**What you are asked to do:** Quote every line of the data below as it stands, omitting pictures.

**Provided data:**
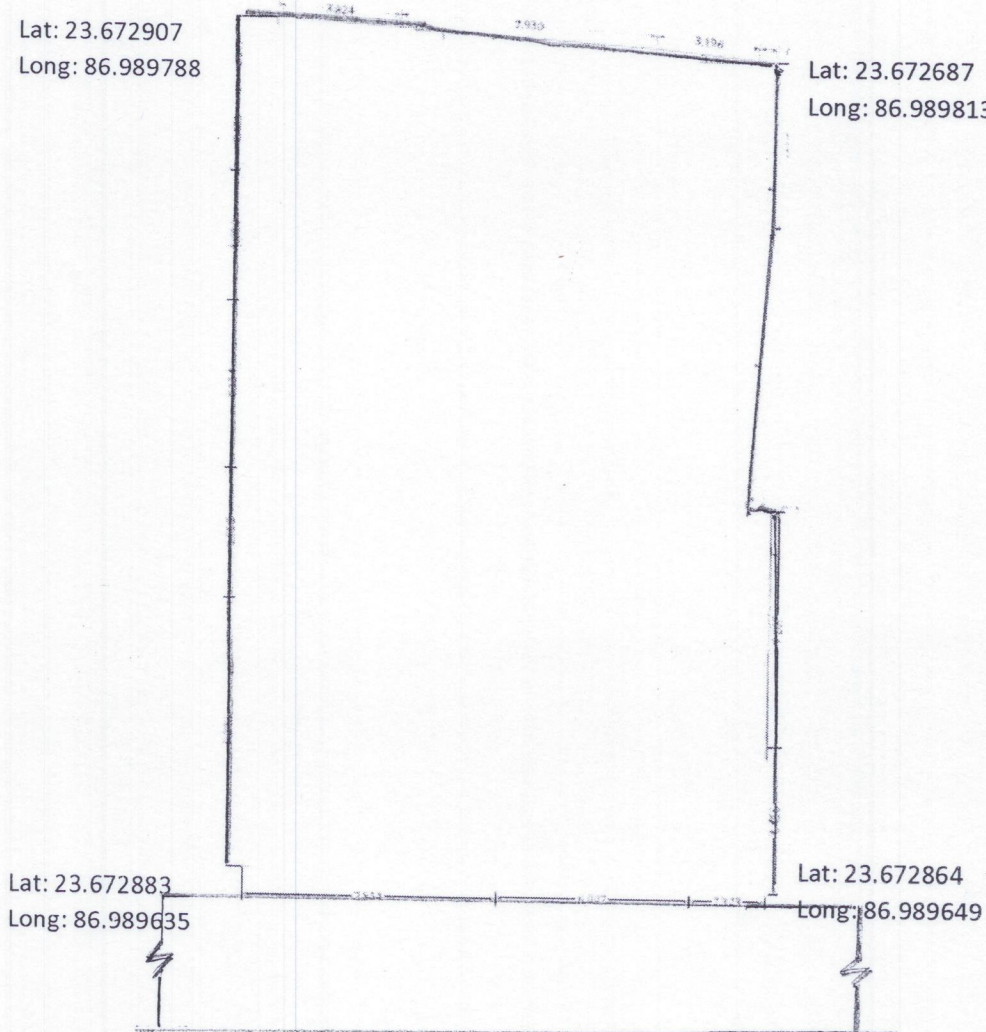

M/S OMKARA INFRASTRUCTURES

S.P. MUKHERJEE ROAD 1ST BY LANE MURGASOL ASANSOL -713303 WEST BENGAL
PH :9434360593 EMAIL: jaswant74.chahal@gmail.com G.S.T: 19AAHF07356G1ZV

Ref No :

Date: 10/01/26

Location MAP of the Project "SUKHMAN RESIDENCY"(G+4) at,
Samarendranath Chakraborty Lane, Asansol, West Bengal-713303.

Lat: 23.672907
Long: 86.989788

Lat: 23.672687
Long: 86.989813

For OMKARA INFRASTRUCTURES

OMKARA INFRASTRUCTURES
Jaswant - 2
Partner

**Exercise result:**
M/S OMKARA INFRASTRUCTURES

S.P. MUKHERJEE ROAD 1ST BY LANE MURGASOL ASANSOL -713303 WEST BENGAL
PH :9434360593 EMAIL: jaswant74.chahal@gmail.com G.S.T: 19AAHF07356G1ZV

Ref No :

Date: 10/01/26

Location MAP of the Project "SUKHMAN RESIDENCY"(G+4) at,
Samarendranath Chakraborty Lane, Asansol, West Bengal-713303.

Lat: 23.672907
Long: 86.989788

Lat: 23.672687
Long: 86.989813

For OMKARA INFRASTRUCTURES

OMKARA INFRASTRUCTURES
Jaswant - 2
Partner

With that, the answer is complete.